The input ▸
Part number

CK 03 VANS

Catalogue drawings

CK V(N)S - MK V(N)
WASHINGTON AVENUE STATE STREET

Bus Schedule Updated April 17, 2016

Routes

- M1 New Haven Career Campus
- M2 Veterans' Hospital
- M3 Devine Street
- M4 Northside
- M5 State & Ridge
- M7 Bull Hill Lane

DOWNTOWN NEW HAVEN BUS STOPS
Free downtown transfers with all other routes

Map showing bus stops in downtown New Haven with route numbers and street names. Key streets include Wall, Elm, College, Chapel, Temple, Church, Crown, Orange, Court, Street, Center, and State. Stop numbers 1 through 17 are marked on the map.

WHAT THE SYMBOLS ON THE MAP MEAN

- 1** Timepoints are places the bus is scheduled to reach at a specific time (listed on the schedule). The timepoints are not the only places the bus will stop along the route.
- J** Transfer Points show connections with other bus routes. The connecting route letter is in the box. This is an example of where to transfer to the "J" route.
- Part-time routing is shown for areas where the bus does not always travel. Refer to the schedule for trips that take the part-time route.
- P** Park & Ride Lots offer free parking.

* * *

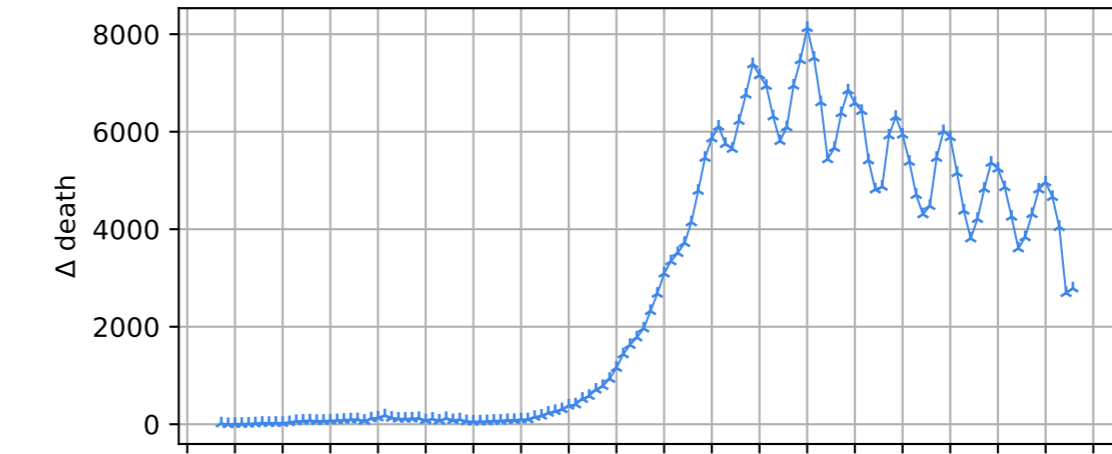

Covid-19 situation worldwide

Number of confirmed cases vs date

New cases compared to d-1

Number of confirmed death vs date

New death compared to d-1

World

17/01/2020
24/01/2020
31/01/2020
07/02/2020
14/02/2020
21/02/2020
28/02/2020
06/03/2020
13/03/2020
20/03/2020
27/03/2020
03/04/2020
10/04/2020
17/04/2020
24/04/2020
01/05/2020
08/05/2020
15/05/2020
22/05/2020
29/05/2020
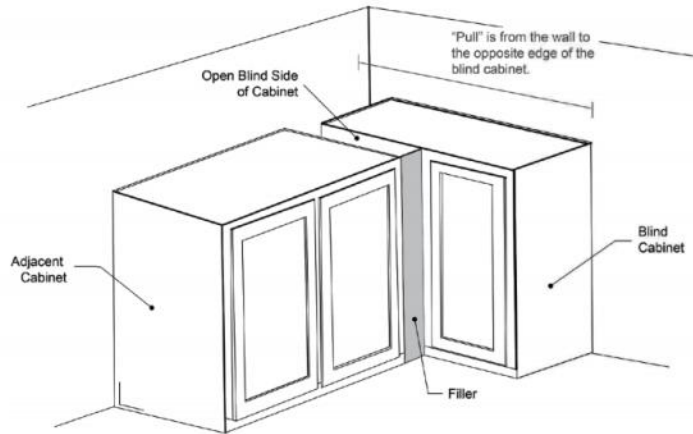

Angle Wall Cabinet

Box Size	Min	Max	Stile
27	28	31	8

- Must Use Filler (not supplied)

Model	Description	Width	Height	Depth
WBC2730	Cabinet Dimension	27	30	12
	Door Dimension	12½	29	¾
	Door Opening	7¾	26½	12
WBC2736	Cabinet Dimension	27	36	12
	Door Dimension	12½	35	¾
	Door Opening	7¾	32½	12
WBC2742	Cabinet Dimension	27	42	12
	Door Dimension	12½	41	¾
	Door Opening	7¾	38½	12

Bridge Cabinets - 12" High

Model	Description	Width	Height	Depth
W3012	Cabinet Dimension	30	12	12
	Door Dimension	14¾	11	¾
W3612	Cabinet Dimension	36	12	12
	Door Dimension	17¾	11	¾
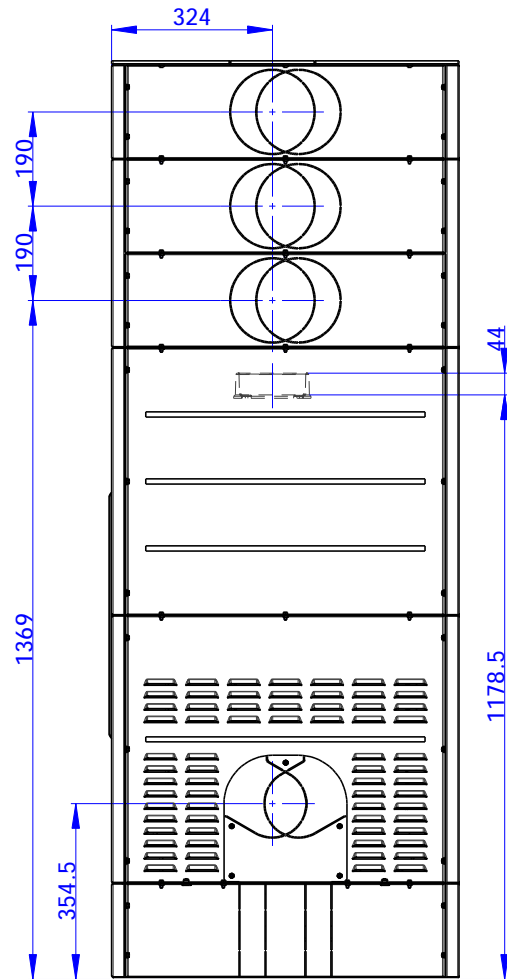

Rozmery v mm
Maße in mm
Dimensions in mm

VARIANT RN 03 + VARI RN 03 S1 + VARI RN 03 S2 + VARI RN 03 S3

Problem description ▸
Output exactly the lines above, from the line with "Number of confirmed cases vs date" to the line with "Angle Wall Cabinet", both included; skip the pictures.

Your solution ▸
Number of confirmed cases vs date

New cases compared to d-1

Number of confirmed death vs date

New death compared to d-1

World

17/01/2020
24/01/2020
31/01/2020
07/02/2020
14/02/2020
21/02/2020
28/02/2020
06/03/2020
13/03/2020
20/03/2020
27/03/2020
03/04/2020
10/04/2020
17/04/2020
24/04/2020
01/05/2020
08/05/2020
15/05/2020
22/05/2020
29/05/2020

Angle Wall Cabinet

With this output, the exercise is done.